───── Information given ─────

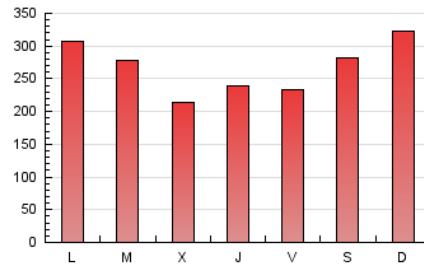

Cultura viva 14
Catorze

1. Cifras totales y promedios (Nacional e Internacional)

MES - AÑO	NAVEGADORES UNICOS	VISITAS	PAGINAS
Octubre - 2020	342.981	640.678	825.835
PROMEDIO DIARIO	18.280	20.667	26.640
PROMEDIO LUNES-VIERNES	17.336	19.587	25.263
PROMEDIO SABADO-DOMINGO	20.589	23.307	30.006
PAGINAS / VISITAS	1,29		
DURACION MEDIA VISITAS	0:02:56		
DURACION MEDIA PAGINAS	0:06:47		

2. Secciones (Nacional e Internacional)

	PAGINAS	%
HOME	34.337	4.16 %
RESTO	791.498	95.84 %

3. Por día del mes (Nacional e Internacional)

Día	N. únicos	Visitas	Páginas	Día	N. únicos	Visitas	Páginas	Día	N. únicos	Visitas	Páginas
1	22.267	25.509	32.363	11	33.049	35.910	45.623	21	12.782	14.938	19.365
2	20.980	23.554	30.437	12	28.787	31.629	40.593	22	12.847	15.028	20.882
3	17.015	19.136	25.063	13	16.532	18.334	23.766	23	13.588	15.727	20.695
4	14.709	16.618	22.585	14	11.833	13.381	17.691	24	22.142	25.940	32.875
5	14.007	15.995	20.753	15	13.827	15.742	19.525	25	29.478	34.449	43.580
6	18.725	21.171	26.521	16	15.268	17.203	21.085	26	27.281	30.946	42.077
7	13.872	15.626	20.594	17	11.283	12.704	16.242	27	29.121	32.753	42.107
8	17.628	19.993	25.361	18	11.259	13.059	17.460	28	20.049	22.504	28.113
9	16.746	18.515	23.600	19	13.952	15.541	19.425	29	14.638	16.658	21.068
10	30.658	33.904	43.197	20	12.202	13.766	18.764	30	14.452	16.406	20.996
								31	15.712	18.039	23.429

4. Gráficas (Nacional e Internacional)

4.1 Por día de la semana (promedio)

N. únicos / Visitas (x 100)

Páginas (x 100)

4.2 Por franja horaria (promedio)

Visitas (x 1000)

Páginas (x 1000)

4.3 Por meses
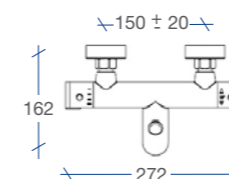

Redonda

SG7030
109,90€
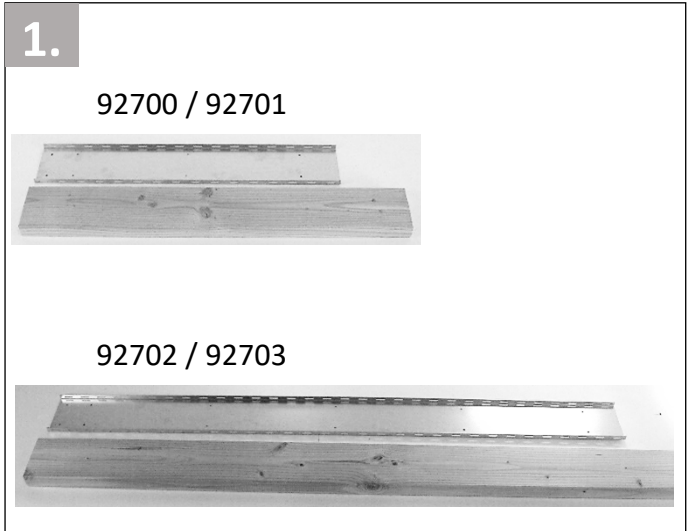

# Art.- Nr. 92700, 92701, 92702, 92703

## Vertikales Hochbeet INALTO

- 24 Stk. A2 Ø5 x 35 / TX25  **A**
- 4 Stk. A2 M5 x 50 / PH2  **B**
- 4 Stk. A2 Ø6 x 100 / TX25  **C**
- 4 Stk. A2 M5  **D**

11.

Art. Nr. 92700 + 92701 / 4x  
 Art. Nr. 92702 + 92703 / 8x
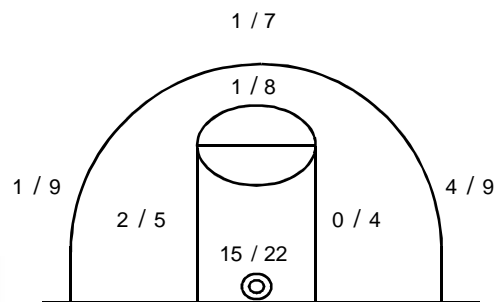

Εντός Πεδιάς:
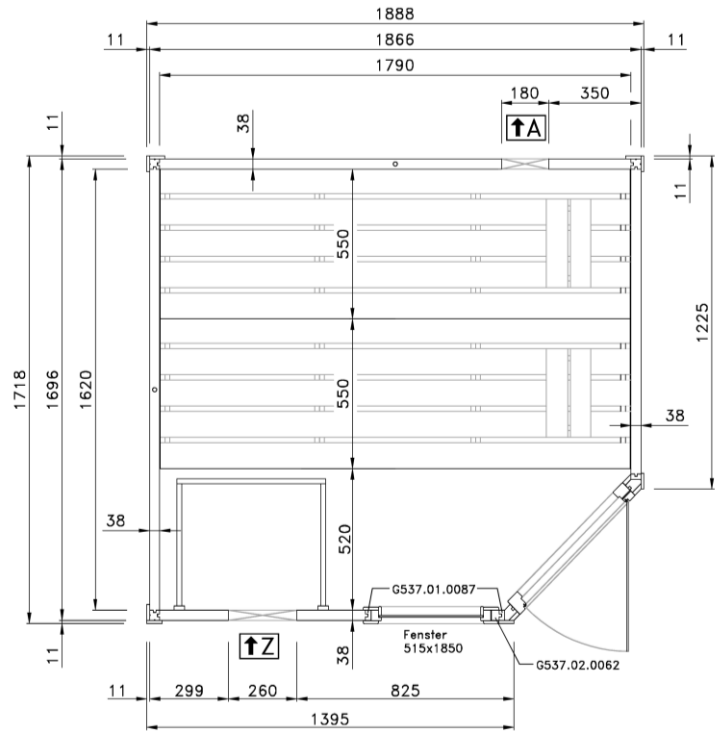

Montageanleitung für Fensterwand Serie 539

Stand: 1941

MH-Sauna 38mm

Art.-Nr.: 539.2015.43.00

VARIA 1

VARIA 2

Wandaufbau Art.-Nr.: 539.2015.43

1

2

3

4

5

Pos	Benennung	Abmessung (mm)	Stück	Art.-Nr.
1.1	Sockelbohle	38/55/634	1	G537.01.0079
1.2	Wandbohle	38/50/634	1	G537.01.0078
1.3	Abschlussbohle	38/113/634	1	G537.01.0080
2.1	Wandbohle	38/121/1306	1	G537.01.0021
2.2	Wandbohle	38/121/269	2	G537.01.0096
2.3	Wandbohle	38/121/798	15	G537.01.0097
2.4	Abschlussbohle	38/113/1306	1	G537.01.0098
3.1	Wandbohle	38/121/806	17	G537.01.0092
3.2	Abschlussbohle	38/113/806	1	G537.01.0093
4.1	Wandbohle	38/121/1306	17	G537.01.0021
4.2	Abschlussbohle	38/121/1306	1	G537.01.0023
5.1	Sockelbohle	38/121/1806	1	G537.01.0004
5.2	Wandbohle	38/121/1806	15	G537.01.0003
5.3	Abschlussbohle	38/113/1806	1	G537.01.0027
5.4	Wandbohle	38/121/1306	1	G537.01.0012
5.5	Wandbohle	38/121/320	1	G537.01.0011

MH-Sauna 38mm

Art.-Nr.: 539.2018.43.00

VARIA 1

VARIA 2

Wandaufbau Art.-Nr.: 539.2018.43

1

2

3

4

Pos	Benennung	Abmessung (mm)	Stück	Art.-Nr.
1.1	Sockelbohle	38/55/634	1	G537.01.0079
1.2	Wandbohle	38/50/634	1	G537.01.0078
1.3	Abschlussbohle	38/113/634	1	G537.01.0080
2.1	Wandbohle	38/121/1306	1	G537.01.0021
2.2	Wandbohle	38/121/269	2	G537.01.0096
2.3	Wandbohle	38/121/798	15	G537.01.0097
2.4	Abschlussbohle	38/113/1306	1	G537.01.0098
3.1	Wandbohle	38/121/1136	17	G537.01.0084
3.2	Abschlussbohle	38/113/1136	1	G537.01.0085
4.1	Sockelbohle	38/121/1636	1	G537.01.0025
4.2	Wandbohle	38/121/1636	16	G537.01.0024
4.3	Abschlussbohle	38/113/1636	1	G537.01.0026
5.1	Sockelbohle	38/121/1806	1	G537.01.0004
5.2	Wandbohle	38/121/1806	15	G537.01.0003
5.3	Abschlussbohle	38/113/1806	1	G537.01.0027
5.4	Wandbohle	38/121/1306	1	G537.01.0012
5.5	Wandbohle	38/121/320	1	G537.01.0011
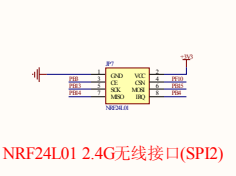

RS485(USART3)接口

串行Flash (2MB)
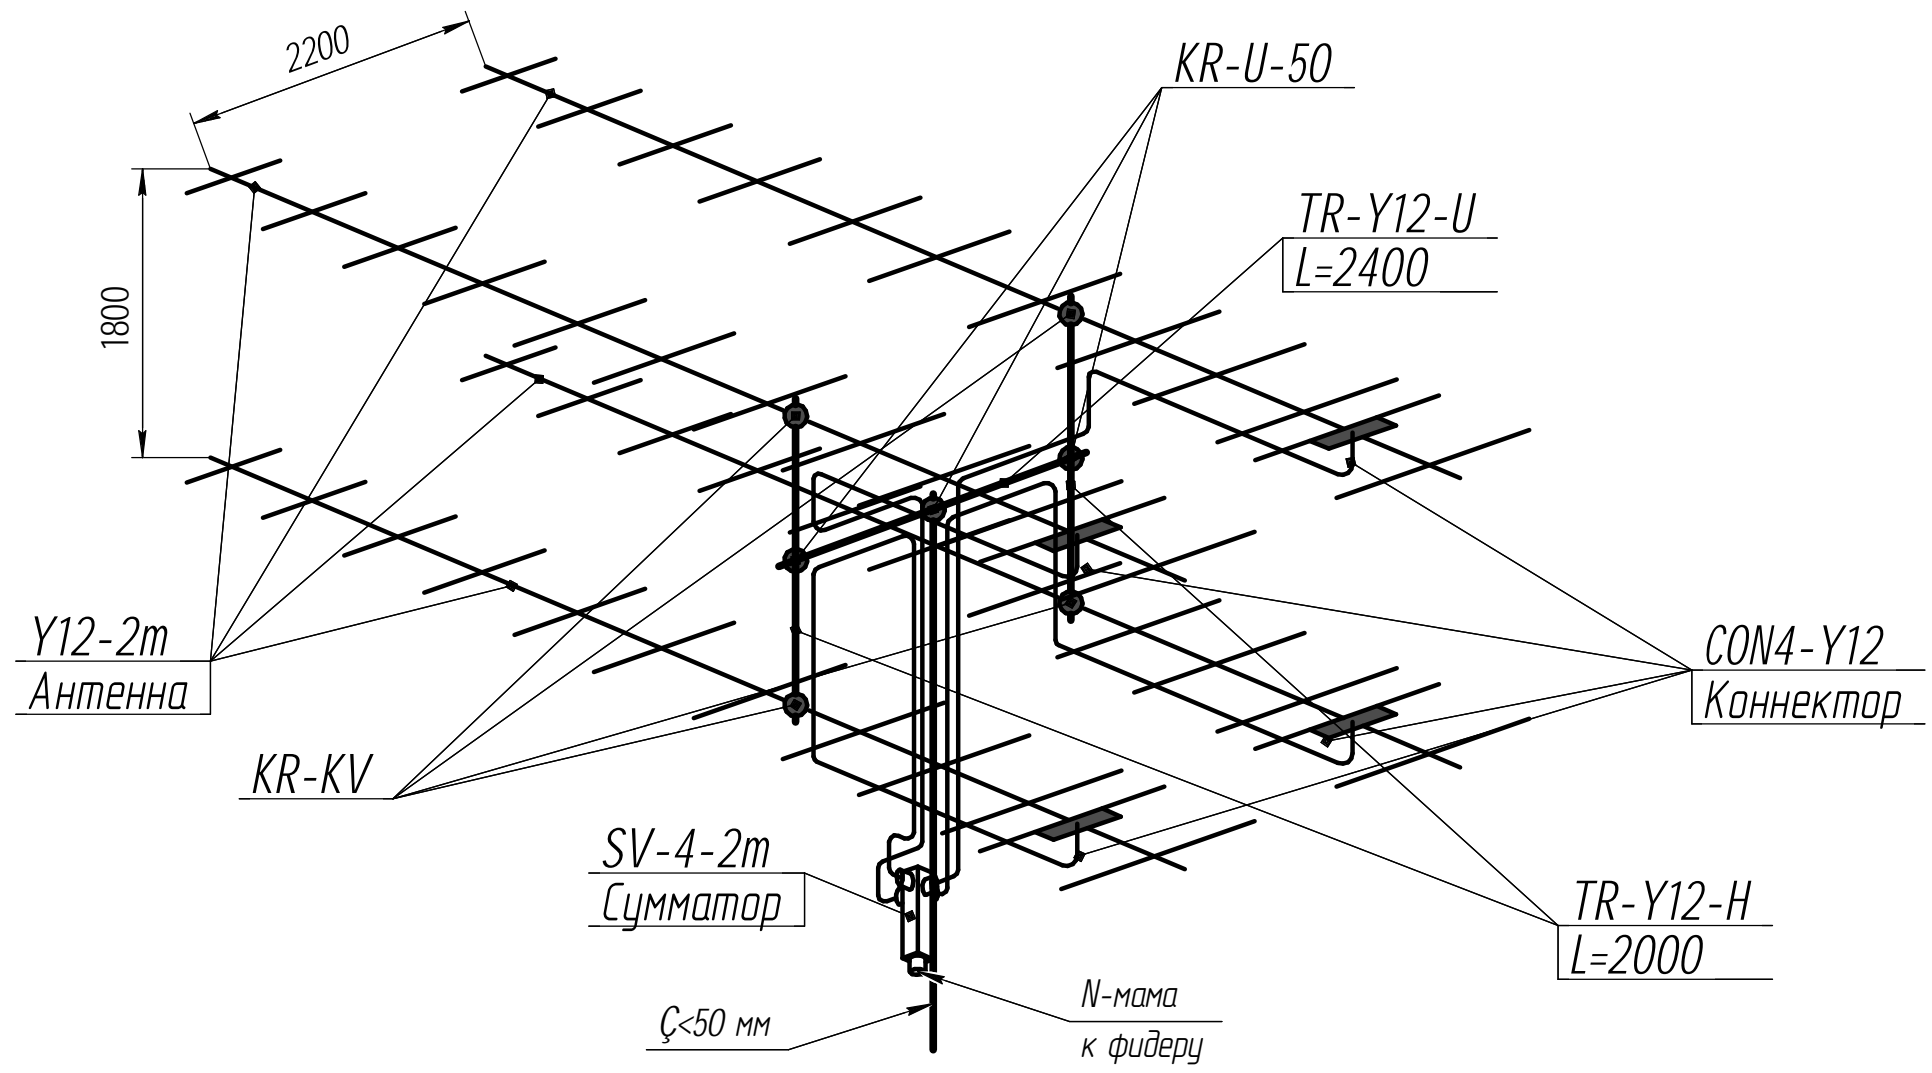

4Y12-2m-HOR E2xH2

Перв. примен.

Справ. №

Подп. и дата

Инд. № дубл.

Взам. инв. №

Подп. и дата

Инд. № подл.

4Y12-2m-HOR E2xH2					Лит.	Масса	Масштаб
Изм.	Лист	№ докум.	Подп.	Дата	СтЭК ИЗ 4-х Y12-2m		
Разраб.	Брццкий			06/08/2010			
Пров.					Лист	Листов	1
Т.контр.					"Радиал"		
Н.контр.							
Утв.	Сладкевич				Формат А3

─────

Which lines of the entries above contain the string "Abschlussbohle"? Copy each one.

1.3	Abschlussbohle	38/113/634	1	G537.01.0080
2.4	Abschlussbohle	38/113/1306	1	G537.01.0098
3.2	Abschlussbohle	38/113/806	1	G537.01.0093
4.2	Abschlussbohle	38/121/1306	1	G537.01.0023
5.3	Abschlussbohle	38/113/1806	1	G537.01.0027
1.3	Abschlussbohle	38/113/634	1	G537.01.0080
2.4	Abschlussbohle	38/113/1306	1	G537.01.0098
3.2	Abschlussbohle	38/113/1136	1	G537.01.0085
4.3	Abschlussbohle	38/113/1636	1	G537.01.0026
5.3	Abschlussbohle	38/113/1806	1	G537.01.0027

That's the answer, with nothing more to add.